What to do:
Looking at the records below, state how many lines include the string "THAN" and add nothing further.

Data in this exercise:
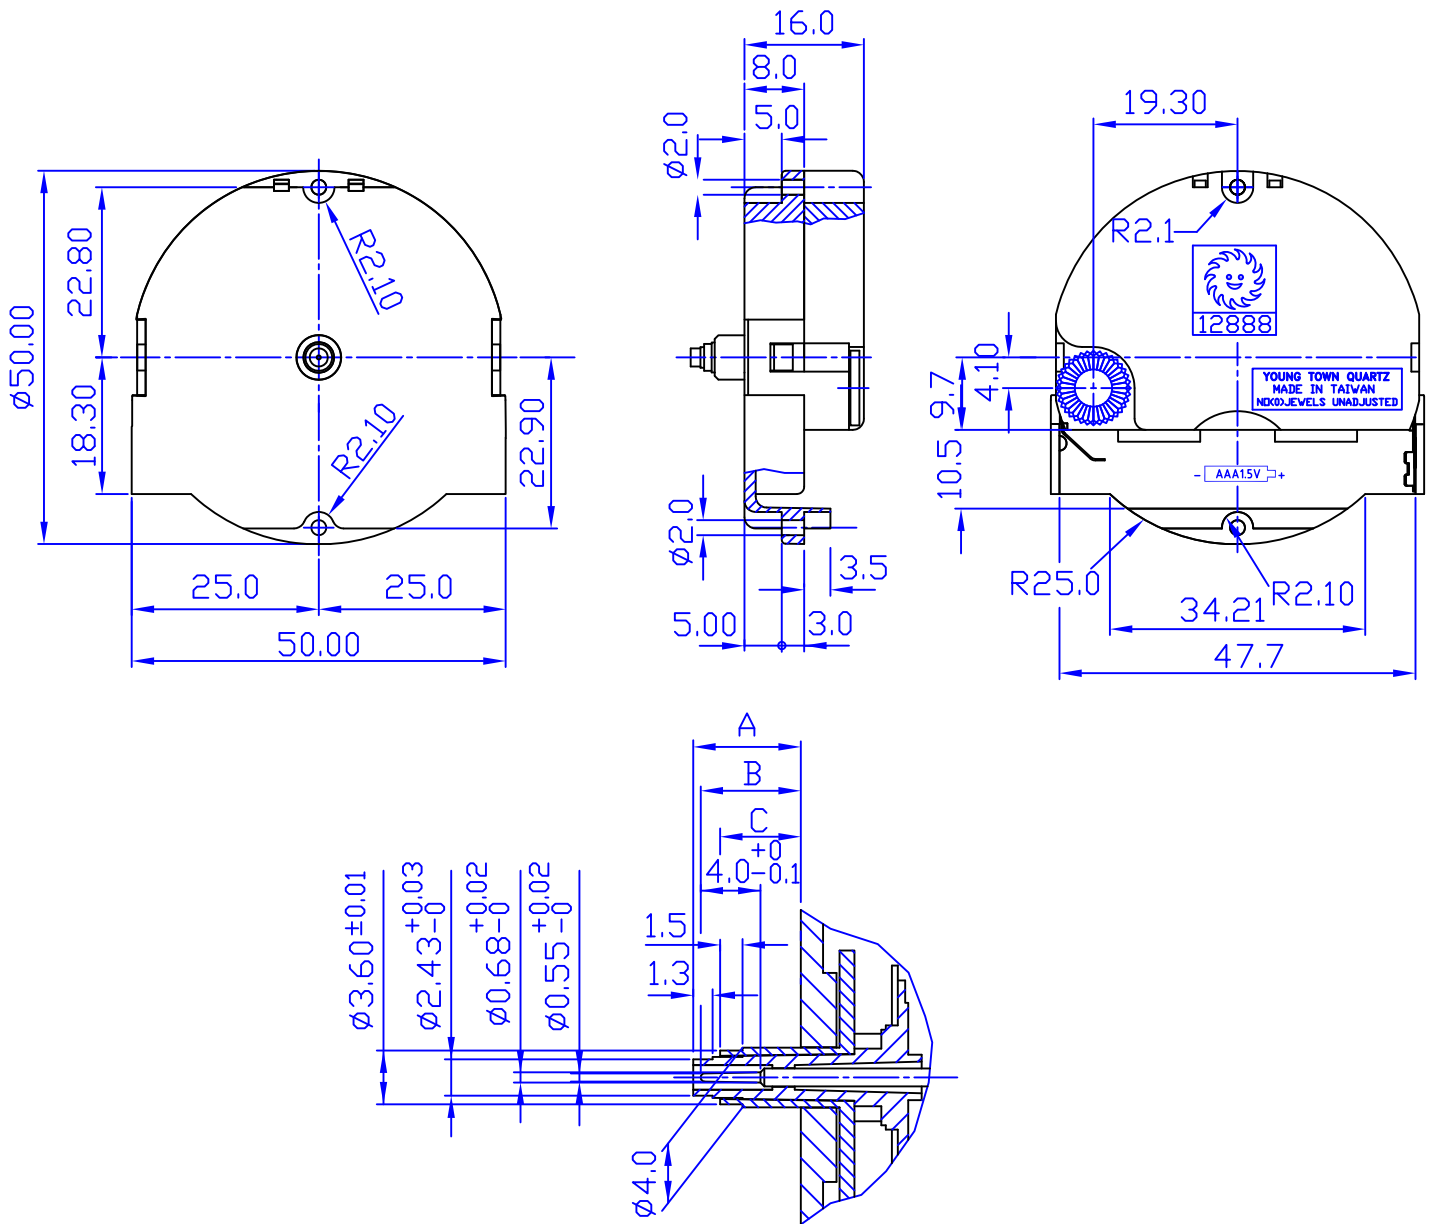

# 12888V7 Movement

\*UNIT :m/m

TYPE \ SPEC	A	B	C	D	DESCRIPTION
12888V7	7.2	6.9	5.4	—	WITHOUT THREAD SHAFT, BATTERY UM-4

## SPECIFICATIONS

OPERATING VOLTAGE	1.3V ~ 1.7V
TIME KEEPING ACCURACY	$\pm 30$ SEC/MONTH AT 1.5V DC. 25°C (UNADJUSTED)
CURRENT CONSUMPTION	LESS THAN 120 $\mu$ A AT 1.5V DC.
TORQUE AT SECOND HAND	0.6 (GF-CM)
TORQUE AT MINUTE HAND	LESS THAN 36 (GF-CM)
BATTERY LIFE	ABOUT 8 MONTHS
OPERATING TEMPERATURE RANGE	-10°C ~ 60°C

Answer area:
2